You can manually switch to the appropriate encoding for a specific email via:
Evolution -- View -- Character Encoding -- |x| Western European (ISO-8859-1)

Problem a persists.
Problem b is gone. The umlauts are displayed correctly.



For reference:
I set default encoding via:
Evolution -- Edit -- Preferences -- Mail Preferences -- General: Message Display: Default character encoding: |...|

You can switch to mail mode via:
Evolution -- View -- Windows -- Mail

You can toggle display of message preview window via:
Evolution -- View -- Preview -- [x] Show Message Preview

Comment 6 André Klapper 2017-08-01 09:20:51 UTC

Feel free to attach a complete message source including headers to reproduce, after obfuscating any private / confidential data (usernames, email addresses, hostnames, IP numbers) so others can try to reproduce the problem.

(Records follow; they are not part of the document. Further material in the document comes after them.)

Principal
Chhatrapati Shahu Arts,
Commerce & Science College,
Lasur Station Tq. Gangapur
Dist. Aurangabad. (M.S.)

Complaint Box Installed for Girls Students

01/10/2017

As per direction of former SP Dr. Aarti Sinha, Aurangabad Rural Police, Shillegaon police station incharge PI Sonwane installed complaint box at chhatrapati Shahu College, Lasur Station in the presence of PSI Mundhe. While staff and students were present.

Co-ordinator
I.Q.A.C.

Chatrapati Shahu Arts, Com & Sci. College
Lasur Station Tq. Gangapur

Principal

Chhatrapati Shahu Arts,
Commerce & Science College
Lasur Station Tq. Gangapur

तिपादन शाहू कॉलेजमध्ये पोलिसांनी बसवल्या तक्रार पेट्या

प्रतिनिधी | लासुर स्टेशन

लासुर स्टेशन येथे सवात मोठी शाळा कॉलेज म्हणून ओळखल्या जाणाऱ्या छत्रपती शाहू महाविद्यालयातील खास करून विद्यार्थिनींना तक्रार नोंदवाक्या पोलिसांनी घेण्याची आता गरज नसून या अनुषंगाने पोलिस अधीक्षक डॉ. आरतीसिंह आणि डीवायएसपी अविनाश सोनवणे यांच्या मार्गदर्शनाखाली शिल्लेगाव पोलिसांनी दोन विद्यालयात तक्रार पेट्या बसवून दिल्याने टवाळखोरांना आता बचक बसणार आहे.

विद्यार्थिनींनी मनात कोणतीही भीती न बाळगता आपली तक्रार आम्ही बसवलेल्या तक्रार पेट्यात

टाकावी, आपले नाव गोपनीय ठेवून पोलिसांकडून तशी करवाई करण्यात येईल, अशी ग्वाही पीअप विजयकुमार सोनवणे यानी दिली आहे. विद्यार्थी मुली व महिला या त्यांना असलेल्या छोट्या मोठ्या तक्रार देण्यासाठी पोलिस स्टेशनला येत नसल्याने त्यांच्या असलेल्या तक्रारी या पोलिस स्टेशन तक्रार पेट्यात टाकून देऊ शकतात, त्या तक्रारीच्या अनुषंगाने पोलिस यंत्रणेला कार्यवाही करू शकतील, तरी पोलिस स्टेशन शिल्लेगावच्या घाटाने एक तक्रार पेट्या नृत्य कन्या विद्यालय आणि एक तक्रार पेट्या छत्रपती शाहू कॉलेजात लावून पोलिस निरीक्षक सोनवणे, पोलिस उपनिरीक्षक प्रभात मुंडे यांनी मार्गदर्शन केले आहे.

Comment 7 René Genz 2017-08-02 19:05:04 UTC

Are the following steps sufficient to save the complete message source including headers?
1. in Evolution open affected email
2. View -- Message Source
3. new window opens; from it copy-paste text to text file
4. obfuscate text file

Comment 8 André Klapper 2017-08-04 13:59:54 UTC

I'd hope so, however "File > Save as mbox" and using a text editor might be easier. :)

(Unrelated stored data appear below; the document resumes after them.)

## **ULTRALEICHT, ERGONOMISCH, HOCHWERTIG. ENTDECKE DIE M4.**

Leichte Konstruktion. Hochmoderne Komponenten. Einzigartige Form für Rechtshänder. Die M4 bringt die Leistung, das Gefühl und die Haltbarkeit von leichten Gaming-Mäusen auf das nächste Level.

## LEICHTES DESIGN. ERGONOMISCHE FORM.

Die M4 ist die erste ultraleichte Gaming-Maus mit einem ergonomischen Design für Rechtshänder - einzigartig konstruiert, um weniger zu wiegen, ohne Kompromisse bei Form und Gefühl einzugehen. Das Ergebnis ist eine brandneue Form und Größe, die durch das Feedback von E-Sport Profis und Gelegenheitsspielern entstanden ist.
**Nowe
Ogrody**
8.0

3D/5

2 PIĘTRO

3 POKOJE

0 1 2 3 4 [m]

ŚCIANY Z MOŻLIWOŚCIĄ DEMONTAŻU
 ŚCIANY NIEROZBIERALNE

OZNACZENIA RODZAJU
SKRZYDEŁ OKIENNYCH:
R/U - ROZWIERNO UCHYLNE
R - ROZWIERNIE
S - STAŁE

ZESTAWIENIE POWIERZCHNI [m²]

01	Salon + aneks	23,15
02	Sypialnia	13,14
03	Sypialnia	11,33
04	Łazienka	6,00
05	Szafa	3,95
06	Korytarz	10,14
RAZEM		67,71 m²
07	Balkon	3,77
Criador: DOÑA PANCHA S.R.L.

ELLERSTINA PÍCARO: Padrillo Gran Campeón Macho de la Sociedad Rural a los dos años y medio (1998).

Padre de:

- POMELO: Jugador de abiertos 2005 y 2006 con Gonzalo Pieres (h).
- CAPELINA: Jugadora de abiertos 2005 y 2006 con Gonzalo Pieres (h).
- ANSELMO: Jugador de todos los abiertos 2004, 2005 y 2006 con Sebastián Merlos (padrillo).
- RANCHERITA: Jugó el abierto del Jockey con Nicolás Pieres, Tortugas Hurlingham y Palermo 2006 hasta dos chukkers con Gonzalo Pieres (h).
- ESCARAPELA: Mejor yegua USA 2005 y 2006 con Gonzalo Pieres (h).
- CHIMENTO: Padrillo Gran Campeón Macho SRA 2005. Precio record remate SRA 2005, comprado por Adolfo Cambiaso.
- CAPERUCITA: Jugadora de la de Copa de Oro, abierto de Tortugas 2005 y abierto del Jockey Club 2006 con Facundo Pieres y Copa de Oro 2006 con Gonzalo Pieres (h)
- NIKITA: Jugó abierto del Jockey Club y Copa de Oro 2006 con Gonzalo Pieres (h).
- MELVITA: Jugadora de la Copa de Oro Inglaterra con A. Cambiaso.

Comment 9 René Genz 2018-01-25 23:43:44 UTC

Created attachment 367448 [details]
source and headers of emails from different sources

(In reply to André Klapper from comment #6)

The files have been obfuscated and are attached.
The *.mbox files have been created with:
File -- Save as mbox...

The *.txt files have been created with:
View -- Message Source ; then manually copy-paste the content into a text file



The files for comment 5 are:
text-plain from apache.*

The situation is:
- Umlaut in subject line of preview window garbled to a literal "?"
- Umlauts in body are dropped without replacement with default encoding (UTF-8); after changing encoding to "Western European, New (ISO-8859-15)" Umlauts in body of preview window are displayed properly  


I guess the subject line problem must be fixed on the server sending the email.
I guess the body problem must be fixed in Evolution.

Opening the same email in "Microsoft Outlook 2010" the Umlauts in subject and body are displayed properly. I guess it makes a leap of faith to "Western European, New (ISO-8859-15)" and is just lucky that the encoding matches.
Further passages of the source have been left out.